**WORK TASK:**
Give again, word for word, every line below from the one that has "Die Landeswahlleiterin für Berlin" through the one that has "GeoBasis-DE / BKG 2016", both included, and no others.

Dataset records

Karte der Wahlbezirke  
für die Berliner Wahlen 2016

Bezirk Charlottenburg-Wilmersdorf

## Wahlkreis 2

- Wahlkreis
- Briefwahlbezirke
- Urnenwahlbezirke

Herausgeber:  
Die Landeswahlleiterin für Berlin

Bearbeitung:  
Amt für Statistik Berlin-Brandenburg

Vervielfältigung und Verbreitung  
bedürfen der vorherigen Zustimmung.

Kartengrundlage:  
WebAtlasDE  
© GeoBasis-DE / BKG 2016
...
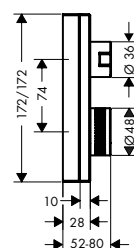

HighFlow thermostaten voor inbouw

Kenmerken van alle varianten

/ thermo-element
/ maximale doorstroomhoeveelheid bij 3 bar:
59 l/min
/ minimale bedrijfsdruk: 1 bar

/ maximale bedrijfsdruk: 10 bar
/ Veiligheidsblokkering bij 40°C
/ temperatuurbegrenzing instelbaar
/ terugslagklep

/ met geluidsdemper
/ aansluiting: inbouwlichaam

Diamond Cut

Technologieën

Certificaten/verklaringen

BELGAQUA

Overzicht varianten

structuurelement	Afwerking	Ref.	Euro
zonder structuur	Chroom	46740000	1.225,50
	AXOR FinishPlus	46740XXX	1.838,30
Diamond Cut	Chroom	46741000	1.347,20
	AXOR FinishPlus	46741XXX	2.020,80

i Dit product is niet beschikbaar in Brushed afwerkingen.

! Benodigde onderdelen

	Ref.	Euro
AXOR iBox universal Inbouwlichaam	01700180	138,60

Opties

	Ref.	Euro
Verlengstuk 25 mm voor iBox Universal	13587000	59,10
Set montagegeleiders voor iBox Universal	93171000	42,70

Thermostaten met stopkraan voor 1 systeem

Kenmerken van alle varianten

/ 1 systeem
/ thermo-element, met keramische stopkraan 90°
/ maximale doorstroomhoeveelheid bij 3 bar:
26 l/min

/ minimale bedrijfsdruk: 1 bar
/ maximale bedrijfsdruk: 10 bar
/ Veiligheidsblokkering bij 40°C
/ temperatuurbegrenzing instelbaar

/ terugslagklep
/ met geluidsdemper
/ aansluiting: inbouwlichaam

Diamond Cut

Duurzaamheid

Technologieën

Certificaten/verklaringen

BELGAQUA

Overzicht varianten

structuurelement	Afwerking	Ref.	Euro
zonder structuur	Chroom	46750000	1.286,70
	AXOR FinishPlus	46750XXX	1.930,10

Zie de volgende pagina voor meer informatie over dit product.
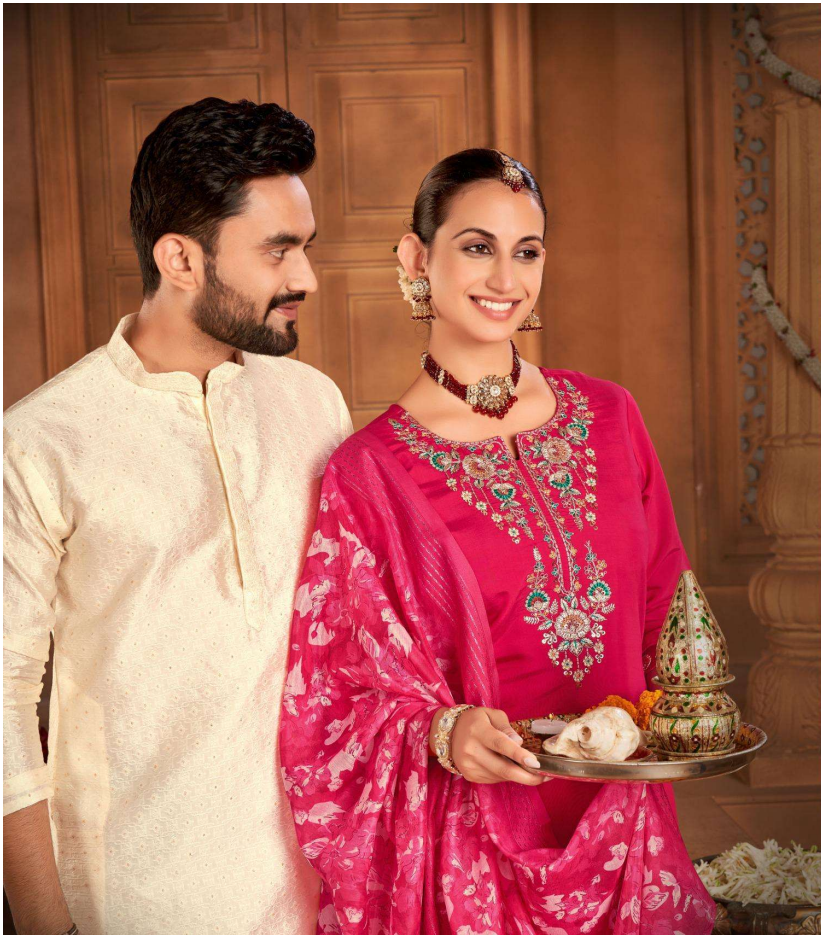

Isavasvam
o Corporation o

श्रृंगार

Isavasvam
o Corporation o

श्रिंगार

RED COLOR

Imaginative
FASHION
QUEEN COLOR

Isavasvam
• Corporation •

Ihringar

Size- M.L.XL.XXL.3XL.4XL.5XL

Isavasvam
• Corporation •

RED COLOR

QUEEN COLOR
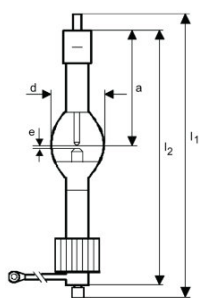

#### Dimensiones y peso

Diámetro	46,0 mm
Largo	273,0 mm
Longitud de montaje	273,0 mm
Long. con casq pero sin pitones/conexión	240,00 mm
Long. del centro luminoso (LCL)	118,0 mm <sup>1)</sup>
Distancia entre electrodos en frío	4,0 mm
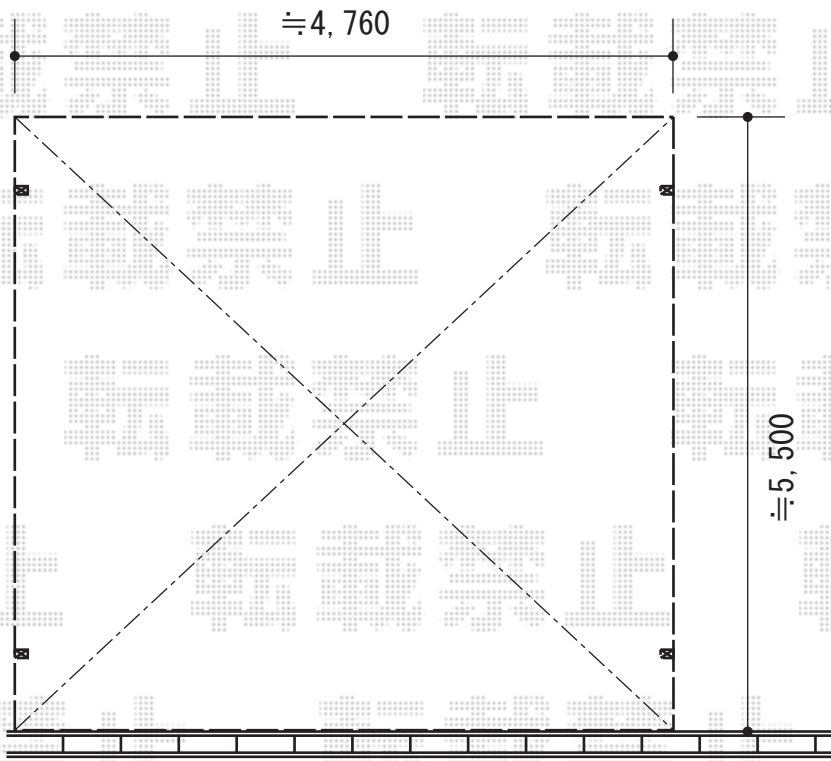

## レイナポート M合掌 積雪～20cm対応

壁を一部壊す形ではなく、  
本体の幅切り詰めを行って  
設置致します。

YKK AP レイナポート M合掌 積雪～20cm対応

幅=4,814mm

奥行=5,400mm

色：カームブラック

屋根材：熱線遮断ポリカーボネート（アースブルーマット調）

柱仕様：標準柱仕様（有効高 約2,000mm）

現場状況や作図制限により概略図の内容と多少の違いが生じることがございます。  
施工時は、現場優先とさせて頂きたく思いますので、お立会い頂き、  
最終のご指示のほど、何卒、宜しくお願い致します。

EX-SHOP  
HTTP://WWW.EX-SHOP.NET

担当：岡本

**OUTPUT OF THE EXERCISE:**
Die Landeswahlleiterin für Berlin

Bearbeitung:  
Amt für Statistik Berlin-Brandenburg

Vervielfältigung und Verbreitung  
bedürfen der vorherigen Zustimmung.

Kartengrundlage:  
WebAtlasDE  
© GeoBasis-DE / BKG 2016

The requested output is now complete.